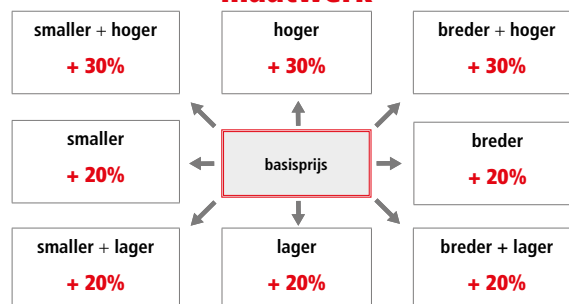

maatwerk

Max. hoogte maatwerk = 240 cm

Smaller + hoger > 230 cm = + 40%

Hoger > 230 cm = + 40%

Breder + hoger > 230 cm = +40%

===

* **What the task requires**: How many lines in the listing above contain "maatwerk"? Give the number and nothing else.

* **Completed task**: 2